When to see a doctor
Tailbone pain is almost never an emergency. However, people should seek emergency care if the pain is due to a sudden trauma and they experience:
- a loss of sensation
- extensive bruising
- changes in movement or coordination
- tingling in surrounding areas could mean the tailbone or a nearby structure is broken
People should see a doctor to rule out potentially serious medical issues if:
- tailbone pain does not improve after a week or two
- chronic pain improves but then returns
- home treatment makes the pain worse
- tailbone pain is accompanied by other unexplained symptoms
- a fever develops
To make a diagnosis, a doctor will undertake a comprehensive assessment that includes a complete medical history.

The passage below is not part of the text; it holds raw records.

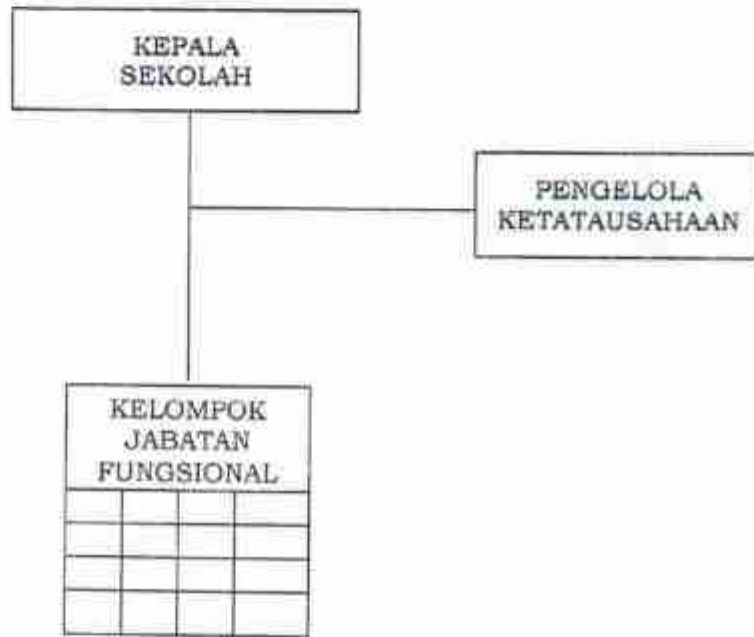

BAGAN STRUKTUR
ORGANISASI
SATUAN PENDIDIKAN
FORMAL TAMAN KANAK-
KANAK NEGERI

LAMPIRAN IV : PERATURAN BUPATI SUBANG
NOMOR : 16 TAHUN 2018
TANGGAL : 29 JANUARI 2018
TENTANG : PEMBENTUKAN
DAN SUSUNAN
ORGANISASI UNIT
PELAKSANA
TEKNIS DAERAH
SATUAN
PENDIDIKAN PADA
DINAS PENDIDIKAN
DAN KEBUDAYAAN
KABUPATEN
SUBANG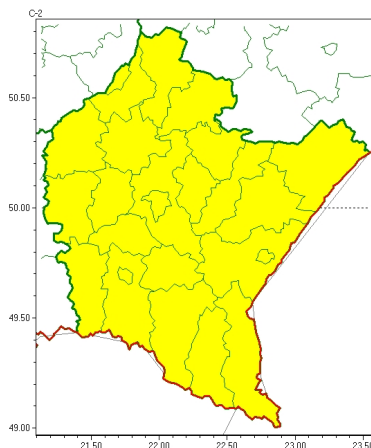

Zasięg ostrzeżeń w województwie

Gęsta mgła
2024-10-23 11:15

WOJEWÓDZTWO PODKARPACKIE
OSTRZEŻENIA METEOROLOGICZNE ZBIORCZO NR 319
WYKAZ OBOWIĄZUJĄCYCH OSTRZEŻEŃ
o godz. 11:15 dnia 23.10.2024

Zjawisko/Stopień zagrożenia	Gęsta mgła/l
Obszar (w nawiasie numer ostrzeżenia dla powiatu)	powiaty: bieszczadzki(155), brzozowski(130), dębicki(118), jarosławski(124), jasielski(143), kolbuszowski(117), Krosno(138), krośnieński(147), leski(154), leżajski(120), lubaczowski(123), Łańcucki(121), mielecki(115), niemiński(119), przemyski(129), Przemyśl(128), przeworski(122), ropczycko-sędziszowski(119), rzeszowski(122), Rzeszów(122), sanocki(151), stalowowolski(119), strzykowski(128), Tarnobrzeg(118), tarnobrzeski(118)
Ważność	od godz. 23:00 dnia 23.10.2024 do godz. 09:00 dnia 24.10.2024
Prawdopodobieństwo	70%
Przebieg	Prognozuje się lokalnie gęste mgły, w zasięgu których widzialność miejscami wynosi poniżej 200 m.
SMS	IMGW-PIB OSTRZEŻENIA: MGŁA/l podkarpackie (wszystkie powiaty) od 23:00/23.10 do 09:00/24.10.2024 widzialność < 200 m. Dotyczy powiatów: wszystkie powiaty.
RSO	Woj. podkarpackie (wszystkie powiaty), IMGW-PIB wydał ostrzeżenie pierwszego stopnia o silnych mgłach
Uwagi	Brak.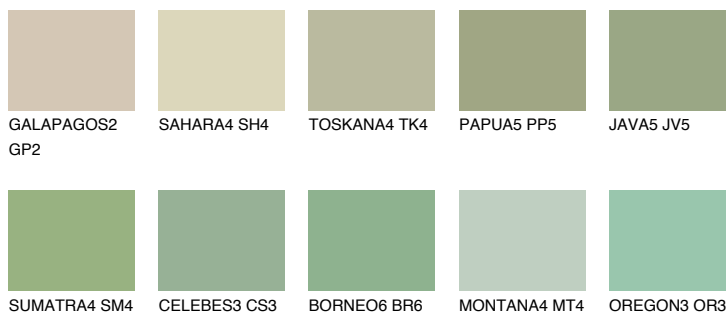

**SUMATRA3 SM3**49% **TSR** 50%**Matching colours****Цветове****Интензивни**

За повече информация за мазилки и бои, вижте на
www.ceresit.bg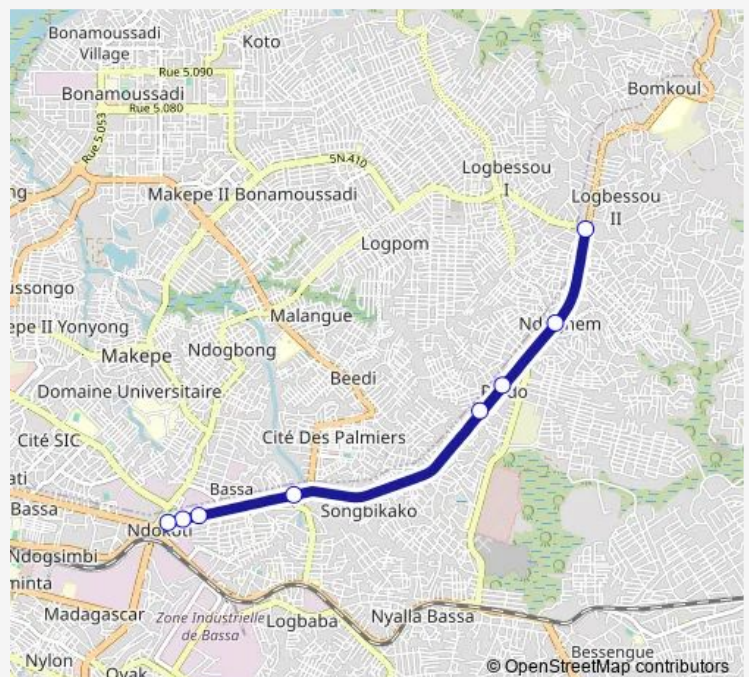

Communal Taxi Service PK 14 to Ndokoti

[Go to website](#)

Direction

PK 14, Pharmacy de la Replubic — Marche Monkam de Ndokoti

8 stops

[Open route schedule](#)

PK 14, Pharmacy de la Replubic

Salle du Royaume des Temoins de Jehova, Ndoghem

Tpm, Road to PK 12

Hopital Santa Helena, PK 12

People's Pharmacy PK 8

Ndokoti, Chelcom Cameron Sa

Carrefour Cité, Ndokoti

Marche Monkam de Ndokoti

Route schedule

PK 14, Pharmacy de la Replubic — Marche Monkam de Ndokoti

Monday	12:05
Tuesday	12:05
Wednesday	12:05
Thursday	12:05
Friday	12:05
Saturday	12:05
Sunday	12:05

Route info

Direction: PK 14, Pharmacy de la Replubic

Stops: 8

Trip Duration: 0 hour 14 min

PK 14 to Ndokoti

If pain in the tailbone does not improve after a few weeks, a person should consult a doctor.
The doctor may ask about:
- previous pregnancies and childbirth experiences
- a history of gastrointestinal problems
- any other muscle problems
Depending upon symptoms and medical history, some tests can evaluate the source of the pain. These include:
- a pelvic exam to assess the pelvic floor
- a rectal exam to determine whether a problem with these muscles is the culprit
- imaging tests, such as routine X-rays, magnetic resonance imaging (MRI) scans of the tailbone and spinal cord
- blood tests to rule out other causes, such as an infection or autoimmune condition
Treatment for tailbone pain usually focuses on managing symptoms. The most common strategies include:
- Physical therapy: The physical therapist may make recommendations for strengthening the surrounding muscles, supporting the pelvic floor, or moving and sitting in a way that is less likely to irritate the tailbone.
- Prescription pain medication: If symptoms are not responding to over-the-counter treatments, a doctor may prescribe opioids or other prescription painkillers.
- Surgery to address any structural problems: These may include pelvic floor prolapse or a herniated disc. Treatment may require removal of a portion of the coccyx.
- Injectable medications: Injecting a local anesthetic with or without a steroid can often alleviate pain. This may help with muscle tension while working with a physical therapist to address the underlying cause of the pain.
- Psychotherapy: This is a surprisingly effective treatment for chronic pain. Therapy can address psychological components of pain, help with pain tolerance, and tackle any barriers to healthy pain management, such as sedentary lifestyle.
- Treatment for underlying medical conditions: Coccyx pain caused by straining due to hemorrhoids, for instance, may improve with frequent sitz baths or surgery to correct the hemorrhoids.
Sometimes coccyx pain requires no treatment. Women who experience tailbone pain during pregnancy typically find that symptoms resolve within a few weeks of giving birth. Pain that is due to an injury may get better on its own, even without treatment.